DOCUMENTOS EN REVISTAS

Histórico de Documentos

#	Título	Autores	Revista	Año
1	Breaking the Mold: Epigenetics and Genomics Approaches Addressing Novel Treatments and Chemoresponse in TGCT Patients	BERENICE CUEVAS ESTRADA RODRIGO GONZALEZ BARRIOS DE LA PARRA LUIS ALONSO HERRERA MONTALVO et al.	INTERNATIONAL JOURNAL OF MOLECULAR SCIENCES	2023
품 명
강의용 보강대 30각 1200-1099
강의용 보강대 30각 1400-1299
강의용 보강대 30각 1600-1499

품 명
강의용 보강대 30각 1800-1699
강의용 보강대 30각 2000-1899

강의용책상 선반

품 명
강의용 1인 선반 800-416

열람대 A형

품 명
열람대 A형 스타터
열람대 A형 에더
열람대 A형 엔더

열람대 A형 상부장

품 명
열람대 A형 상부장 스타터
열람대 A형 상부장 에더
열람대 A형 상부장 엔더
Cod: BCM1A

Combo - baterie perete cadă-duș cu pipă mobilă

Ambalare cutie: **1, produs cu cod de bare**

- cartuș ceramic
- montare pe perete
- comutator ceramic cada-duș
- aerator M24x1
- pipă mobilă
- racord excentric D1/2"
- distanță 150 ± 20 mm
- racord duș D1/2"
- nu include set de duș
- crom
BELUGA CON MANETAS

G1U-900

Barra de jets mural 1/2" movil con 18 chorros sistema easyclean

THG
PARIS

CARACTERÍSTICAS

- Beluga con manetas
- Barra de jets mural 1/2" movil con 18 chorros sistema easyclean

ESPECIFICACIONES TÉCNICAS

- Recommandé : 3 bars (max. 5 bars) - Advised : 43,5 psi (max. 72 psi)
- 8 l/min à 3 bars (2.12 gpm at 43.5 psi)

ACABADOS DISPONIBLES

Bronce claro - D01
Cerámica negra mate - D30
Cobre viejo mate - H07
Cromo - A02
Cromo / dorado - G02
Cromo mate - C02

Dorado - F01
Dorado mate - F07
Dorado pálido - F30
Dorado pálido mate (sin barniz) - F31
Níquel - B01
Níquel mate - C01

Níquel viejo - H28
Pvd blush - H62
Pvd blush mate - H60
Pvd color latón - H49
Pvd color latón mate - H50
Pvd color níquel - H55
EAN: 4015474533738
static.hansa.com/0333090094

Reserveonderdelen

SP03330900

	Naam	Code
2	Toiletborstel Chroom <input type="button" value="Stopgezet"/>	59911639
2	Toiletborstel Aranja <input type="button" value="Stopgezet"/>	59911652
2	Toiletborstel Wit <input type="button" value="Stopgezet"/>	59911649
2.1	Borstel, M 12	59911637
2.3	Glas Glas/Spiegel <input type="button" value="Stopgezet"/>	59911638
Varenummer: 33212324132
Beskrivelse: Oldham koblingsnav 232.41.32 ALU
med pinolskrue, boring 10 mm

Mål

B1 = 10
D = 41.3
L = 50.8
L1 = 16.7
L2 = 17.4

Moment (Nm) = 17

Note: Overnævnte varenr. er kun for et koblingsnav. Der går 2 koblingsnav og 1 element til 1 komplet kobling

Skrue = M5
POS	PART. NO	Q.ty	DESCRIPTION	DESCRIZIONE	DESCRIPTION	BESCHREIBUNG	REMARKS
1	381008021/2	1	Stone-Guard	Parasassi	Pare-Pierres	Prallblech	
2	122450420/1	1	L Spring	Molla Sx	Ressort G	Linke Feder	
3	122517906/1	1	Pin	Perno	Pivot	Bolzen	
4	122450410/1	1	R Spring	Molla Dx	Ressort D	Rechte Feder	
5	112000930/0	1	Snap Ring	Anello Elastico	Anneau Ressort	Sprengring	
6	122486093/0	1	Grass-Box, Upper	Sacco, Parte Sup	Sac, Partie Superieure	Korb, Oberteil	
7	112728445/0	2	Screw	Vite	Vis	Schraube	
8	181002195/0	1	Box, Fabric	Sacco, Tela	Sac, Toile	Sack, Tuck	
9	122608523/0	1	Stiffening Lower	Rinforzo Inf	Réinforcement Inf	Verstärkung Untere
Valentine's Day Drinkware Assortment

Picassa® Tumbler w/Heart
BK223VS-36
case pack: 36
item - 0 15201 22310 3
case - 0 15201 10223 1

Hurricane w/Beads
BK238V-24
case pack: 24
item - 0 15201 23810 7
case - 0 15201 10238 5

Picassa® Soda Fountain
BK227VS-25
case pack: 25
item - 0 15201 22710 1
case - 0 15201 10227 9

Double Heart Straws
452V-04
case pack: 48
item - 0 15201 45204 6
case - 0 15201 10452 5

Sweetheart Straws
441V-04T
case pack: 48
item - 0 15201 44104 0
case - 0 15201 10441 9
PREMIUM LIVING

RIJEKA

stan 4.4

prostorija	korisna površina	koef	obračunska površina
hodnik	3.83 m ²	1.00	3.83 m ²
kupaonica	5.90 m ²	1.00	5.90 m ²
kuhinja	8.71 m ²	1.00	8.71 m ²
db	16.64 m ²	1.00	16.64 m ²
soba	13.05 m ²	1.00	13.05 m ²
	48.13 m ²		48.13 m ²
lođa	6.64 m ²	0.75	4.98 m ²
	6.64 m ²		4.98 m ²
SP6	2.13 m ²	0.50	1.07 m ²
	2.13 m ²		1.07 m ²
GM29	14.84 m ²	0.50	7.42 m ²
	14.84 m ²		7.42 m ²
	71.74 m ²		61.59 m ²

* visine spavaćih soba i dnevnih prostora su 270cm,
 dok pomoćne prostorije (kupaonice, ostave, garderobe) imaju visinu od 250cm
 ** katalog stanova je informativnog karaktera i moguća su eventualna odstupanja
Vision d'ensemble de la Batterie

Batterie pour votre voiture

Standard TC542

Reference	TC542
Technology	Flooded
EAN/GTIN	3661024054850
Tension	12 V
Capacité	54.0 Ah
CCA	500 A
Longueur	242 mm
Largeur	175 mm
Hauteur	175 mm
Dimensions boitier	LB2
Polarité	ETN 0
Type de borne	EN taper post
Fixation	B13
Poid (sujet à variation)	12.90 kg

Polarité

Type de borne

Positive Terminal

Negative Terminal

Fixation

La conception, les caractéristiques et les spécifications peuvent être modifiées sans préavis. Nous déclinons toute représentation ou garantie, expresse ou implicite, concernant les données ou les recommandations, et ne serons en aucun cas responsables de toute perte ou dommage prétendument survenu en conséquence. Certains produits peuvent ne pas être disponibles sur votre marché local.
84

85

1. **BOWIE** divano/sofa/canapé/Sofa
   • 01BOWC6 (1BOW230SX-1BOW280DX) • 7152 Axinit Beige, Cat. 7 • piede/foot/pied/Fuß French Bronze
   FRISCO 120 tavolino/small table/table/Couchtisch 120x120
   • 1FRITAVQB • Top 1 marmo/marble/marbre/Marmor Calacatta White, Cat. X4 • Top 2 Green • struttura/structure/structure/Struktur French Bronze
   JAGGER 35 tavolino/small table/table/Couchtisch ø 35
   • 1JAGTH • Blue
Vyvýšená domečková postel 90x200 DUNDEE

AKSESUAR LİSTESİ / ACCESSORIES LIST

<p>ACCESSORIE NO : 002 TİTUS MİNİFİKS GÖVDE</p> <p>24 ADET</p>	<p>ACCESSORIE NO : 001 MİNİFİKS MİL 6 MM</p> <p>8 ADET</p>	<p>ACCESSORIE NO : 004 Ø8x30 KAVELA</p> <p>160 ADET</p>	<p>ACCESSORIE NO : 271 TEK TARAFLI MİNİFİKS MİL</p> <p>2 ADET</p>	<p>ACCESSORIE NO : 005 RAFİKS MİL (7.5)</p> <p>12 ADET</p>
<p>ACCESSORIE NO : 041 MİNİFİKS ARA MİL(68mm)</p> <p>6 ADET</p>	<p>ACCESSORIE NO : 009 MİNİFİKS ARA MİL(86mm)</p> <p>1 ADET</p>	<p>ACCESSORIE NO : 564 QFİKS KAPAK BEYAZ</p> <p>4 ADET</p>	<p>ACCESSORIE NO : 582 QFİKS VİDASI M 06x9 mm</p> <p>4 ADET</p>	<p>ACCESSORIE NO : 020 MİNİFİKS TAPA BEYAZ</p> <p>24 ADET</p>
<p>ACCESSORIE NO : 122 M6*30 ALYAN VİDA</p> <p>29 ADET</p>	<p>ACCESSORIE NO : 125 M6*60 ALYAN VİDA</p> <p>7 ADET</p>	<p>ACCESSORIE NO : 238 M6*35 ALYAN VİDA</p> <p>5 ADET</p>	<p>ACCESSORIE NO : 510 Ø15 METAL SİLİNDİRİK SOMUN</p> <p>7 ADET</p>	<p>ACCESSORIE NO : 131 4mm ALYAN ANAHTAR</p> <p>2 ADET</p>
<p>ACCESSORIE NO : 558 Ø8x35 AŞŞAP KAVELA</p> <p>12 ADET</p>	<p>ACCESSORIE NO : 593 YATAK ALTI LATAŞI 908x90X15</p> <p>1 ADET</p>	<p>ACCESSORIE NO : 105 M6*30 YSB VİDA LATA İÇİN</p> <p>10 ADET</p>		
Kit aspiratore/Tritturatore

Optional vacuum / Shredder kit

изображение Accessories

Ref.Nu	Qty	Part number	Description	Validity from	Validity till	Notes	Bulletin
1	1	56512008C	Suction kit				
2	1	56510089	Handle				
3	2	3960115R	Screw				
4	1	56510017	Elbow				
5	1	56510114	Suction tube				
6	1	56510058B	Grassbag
□ □ □ □ □ □ □
**Problem to solve**
Copy the lines above exactly. Start with the line containing "- cartuș ceramic", end with the line containing "- Recommandé : 3", and include both.

**Response area**
- cartuș ceramic
- montare pe perete
- comutator ceramic cada-duș
- aerator M24x1
- pipă mobilă
- racord excentric D1/2"
- distanță 150 ± 20 mm
- racord duș D1/2"
- nu include set de duș
- crom
BELUGA CON MANETAS

G1U-900

Barra de jets mural 1/2" movil con 18 chorros sistema easyclean

THG
PARIS

CARACTERÍSTICAS

- Beluga con manetas
- Barra de jets mural 1/2" movil con 18 chorros sistema easyclean

ESPECIFICACIONES TÉCNICAS

- Recommandé : 3 bars (max. 5 bars) - Advised : 43,5 psi (max. 72 psi)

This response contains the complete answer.